In the records below, repeat word for word only the lines starting at the one that contains "POPELÍN POLIALGODÓN - 65%" and ending at the one that contains "Los camarotes para", pictures excluded.

Stored entries

__________

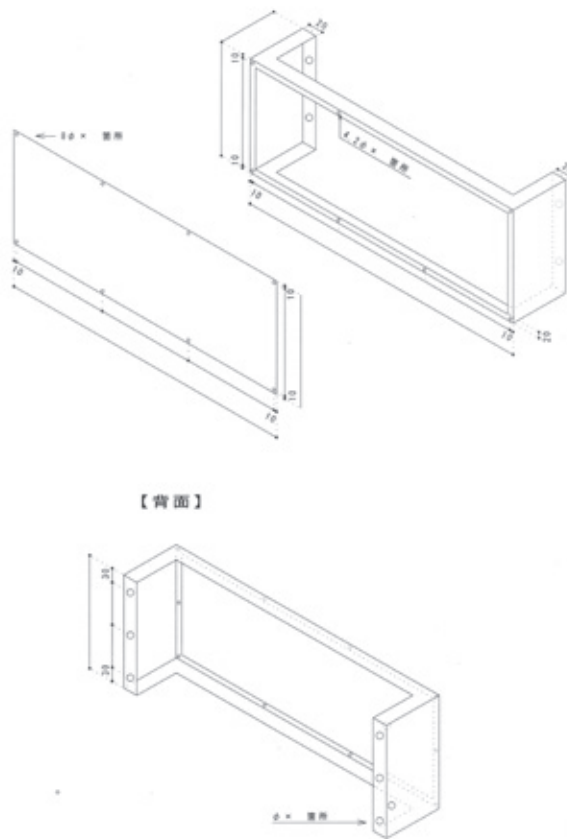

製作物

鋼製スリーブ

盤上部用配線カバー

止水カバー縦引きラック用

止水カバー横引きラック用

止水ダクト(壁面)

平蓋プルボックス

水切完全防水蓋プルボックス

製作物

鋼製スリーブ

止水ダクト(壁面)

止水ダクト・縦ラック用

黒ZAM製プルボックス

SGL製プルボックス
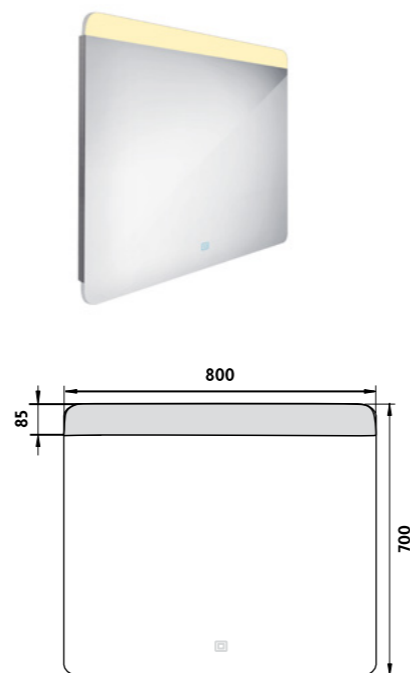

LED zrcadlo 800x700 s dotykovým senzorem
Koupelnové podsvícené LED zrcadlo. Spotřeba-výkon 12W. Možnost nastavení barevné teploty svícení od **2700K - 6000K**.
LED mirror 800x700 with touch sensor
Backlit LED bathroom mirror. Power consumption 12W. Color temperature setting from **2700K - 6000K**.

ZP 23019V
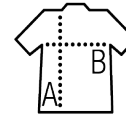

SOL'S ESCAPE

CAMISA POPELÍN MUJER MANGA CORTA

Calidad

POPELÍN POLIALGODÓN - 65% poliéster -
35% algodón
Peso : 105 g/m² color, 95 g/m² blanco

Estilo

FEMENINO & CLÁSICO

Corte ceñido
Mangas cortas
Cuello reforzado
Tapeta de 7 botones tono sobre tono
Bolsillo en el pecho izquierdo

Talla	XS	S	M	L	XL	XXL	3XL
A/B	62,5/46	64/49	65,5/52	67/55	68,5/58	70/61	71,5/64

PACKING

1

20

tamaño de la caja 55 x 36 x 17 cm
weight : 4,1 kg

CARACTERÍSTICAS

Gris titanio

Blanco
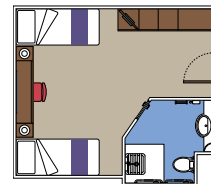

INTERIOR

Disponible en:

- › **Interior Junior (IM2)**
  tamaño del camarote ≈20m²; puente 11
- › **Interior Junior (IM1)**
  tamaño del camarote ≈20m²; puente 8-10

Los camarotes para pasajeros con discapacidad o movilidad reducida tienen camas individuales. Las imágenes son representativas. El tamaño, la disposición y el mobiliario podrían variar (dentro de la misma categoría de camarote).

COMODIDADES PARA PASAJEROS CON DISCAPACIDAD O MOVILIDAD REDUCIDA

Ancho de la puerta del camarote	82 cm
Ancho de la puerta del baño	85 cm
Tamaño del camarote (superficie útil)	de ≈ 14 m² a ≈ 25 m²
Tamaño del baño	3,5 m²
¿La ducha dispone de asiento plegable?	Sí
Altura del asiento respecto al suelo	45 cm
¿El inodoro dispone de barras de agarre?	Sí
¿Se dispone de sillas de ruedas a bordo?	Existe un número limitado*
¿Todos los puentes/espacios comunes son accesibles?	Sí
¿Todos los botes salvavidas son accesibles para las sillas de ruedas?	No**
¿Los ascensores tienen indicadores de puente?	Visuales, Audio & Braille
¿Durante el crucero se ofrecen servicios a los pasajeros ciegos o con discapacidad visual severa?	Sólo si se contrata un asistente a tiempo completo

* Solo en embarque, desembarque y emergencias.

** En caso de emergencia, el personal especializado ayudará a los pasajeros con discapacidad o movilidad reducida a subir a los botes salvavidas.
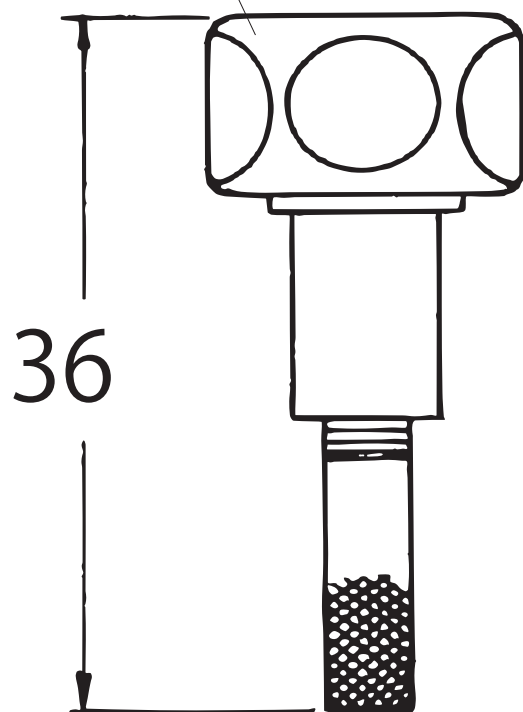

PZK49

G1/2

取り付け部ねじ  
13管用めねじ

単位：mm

__________

### Problem solution
POPELÍN POLIALGODÓN - 65% poliéster -
35% algodón
Peso : 105 g/m² color, 95 g/m² blanco

Estilo

FEMENINO & CLÁSICO

Corte ceñido
Mangas cortas
Cuello reforzado
Tapeta de 7 botones tono sobre tono
Bolsillo en el pecho izquierdo

Talla	XS	S	M	L	XL	XXL	3XL
A/B	62,5/46	64/49	65,5/52	67/55	68,5/58	70/61	71,5/64

PACKING

1

20

tamaño de la caja 55 x 36 x 17 cm
weight : 4,1 kg

CARACTERÍSTICAS

Gris titanio

Blanco

INTERIOR

Disponible en:

- › **Interior Junior (IM2)**
  tamaño del camarote ≈20m²; puente 11
- › **Interior Junior (IM1)**
  tamaño del camarote ≈20m²; puente 8-10

Los camarotes para pasajeros con discapacidad o movilidad reducida tienen camas individuales. Las imágenes son representativas. El tamaño, la disposición y el mobiliario podrían variar (dentro de la misma categoría de camarote).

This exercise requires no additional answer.